10. We commence by placing one pound on each of the hooks. The cords are first seen to make a few oscillations and then to settle into a definite position. If we disturb the cords and try to move them into some new position they will not remain there; when released they will return to the places they originally occupied. We now concentrate our attention on the central point D, at which the three forces act. Let this be represented by O in Fig. 4, and the lines OP, OQ, and OS will be the directions of the three cords.

On examining these positions we find that the three angles P O S, Q O S, P O Q, are all equal. This may very easily be proved by holding behind the cords a piece of cardboard on which three lines meeting at a point and making equal angles have been drawn; it will then be seen that the cords coincide with the three lines on the cardboard.

11. A little reflection would have led us to anticipate this result.
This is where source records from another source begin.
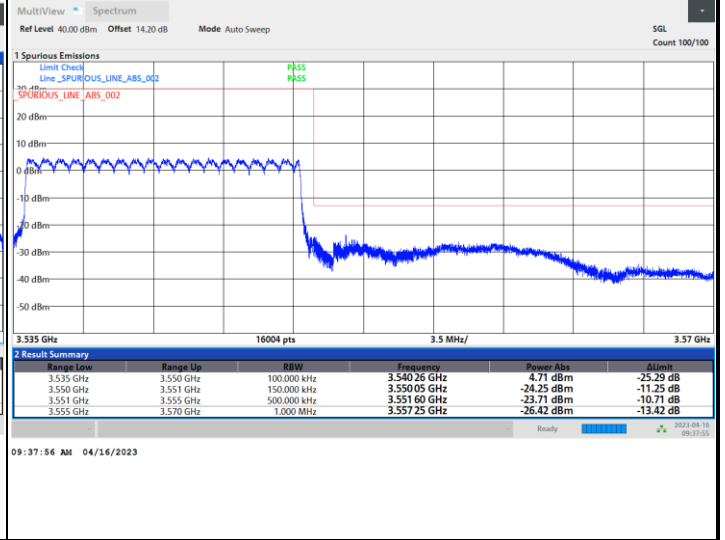

Lowest Band Edge / 1RB0

Highest Band Edge / 1RBmax

Lowest Band Edge / Full RB

Highest Band Edge / Full RB

FR1 n77 / 10MHz / CP OFDM / 256QAM

Lowest Band Edge / 1RB0

Highest Band Edge / 1RBmax

Lowest Band Edge / Full RB

Highest Band Edge / Full RB

FR1 n77 / 15MHz / CP OFDM / QPSK

Lowest Band Edge / Full RB

Highest Band Edge / Full RB

FR1 n77 / 15MHz / CP OFDM / 16QAM

Lowest Band Edge / Full RB

Highest Band Edge / Full RB

FR1 n77 / 15MHz / CP OFDM / 64QAM

Lowest Band Edge / Full RB

Highest Band Edge / Full RB

FR1 n77 / 15MHz / CP OFDM / 256QAM

Lowest Band Edge / Full RB

Highest Band Edge / Full RB

FR1 n77 / 20MHz / CP OFDM / QPSK

Lowest Band Edge / Full RB

Highest Band Edge / Full RB

For the three cords being each stretched by a tension of a pound, it is obvious that the three forces pulling at O are all equal. As O is at rest, it seems obvious that the three forces must make the angles equal, for suppose that one of the angles, P O Q for instance, was less than either of the others, experiment shows that the forces O P and OQ would be too strong to be counteracted by O S. The three angles must therefore be equal, and then the forces are arranged symmetrically.
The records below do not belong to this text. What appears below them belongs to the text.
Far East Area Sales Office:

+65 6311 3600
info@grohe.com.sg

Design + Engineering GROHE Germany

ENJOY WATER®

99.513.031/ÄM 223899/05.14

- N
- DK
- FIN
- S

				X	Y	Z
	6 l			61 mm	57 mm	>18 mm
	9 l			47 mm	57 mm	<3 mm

12. The forces being each 1 lb., mark off along the three lines in Fig. 4 (which represent their directions) three equal parts O P, O Q, O S, and place the arrowheads to show the direction in which each force is acting; the forces are then completely represented both in position and in magnitude.

Since these forces make equilibrium, each of them may be considered to be counteracted by the other two. For example, O S is annulled by O Q and O P. But O S could be balanced by a force O R equal and opposite to it. Hence OR is capable of producing by itself the same effect as the forces O P and OQ taken together. Therefore O R is equivalent to O P and OQ. Here we learn the important truth that two forces not in the same direction can be replaced by a single force. The process is called the _composition of forces_, and the single force is called the _resultant_ of the two forces. O R is only one pound, yet it is equivalent to the forces O P and O Q together, each of which is also one pound. This is because the forces O P and O Q partly counteract each other.
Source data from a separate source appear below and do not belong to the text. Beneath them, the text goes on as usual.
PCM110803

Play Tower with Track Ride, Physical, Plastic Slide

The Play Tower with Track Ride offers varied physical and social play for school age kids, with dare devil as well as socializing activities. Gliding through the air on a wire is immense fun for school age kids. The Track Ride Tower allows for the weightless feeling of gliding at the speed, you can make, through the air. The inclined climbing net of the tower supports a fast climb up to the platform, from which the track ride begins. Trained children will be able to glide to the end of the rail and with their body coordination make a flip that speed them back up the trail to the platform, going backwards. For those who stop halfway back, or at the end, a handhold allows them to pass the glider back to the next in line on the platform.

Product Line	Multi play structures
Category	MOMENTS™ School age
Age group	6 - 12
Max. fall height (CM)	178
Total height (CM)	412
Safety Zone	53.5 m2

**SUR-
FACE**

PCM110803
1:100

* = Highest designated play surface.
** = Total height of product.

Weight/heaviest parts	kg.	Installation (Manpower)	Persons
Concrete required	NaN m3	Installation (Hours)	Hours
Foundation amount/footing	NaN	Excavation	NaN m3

13. Draw the lines P R and Q R; then the angles P O R and Q O R are equal, because they are the supplements of the equal angles P O S and Q O S; and since the angles P O R and Q O R together make up one-third of four right angles, it follows that each of them is two-thirds of one right angle, and therefore equal to the angle of an equilateral triangle. Also O P being equal to O Q and O R common, the triangles O P R and O Q R must be equilateral. Therefore the angle P R O is equal to the angle R O Q; thus P R is parallel to O Q; similarly Q R is parallel to O P; that is, O P R Q is a parallelogram. Here we first perceive the great law that the resultant of two forces acting at a point is the diagonal of a parallelogram, of which they are the two sides.

14. This remarkable geometrical figure is called the _parallelogram of forces_. Stated in its general form, the property we have discovered asserts that two forces acting at a point have a resultant, and that this resultant is represented both in magnitude and in direction by the diagonal of the parallelogram, of which two adjacent sides are the lines which represent the forces.

15. The parallelogram of forces may be illustrated in various ways by means of the apparatus of Fig. 3. Attach, for example, to the middle hook G 1·5 lb., and place 1 lb. on each of the remaining hooks E, F. Here the three weights are not equal, and symmetry will not enable us, as it did in the previous case, to foresee the condition which the cords will assume; but they will be observed to settle in a definite position, to which they will invariably return if withdrawn from it.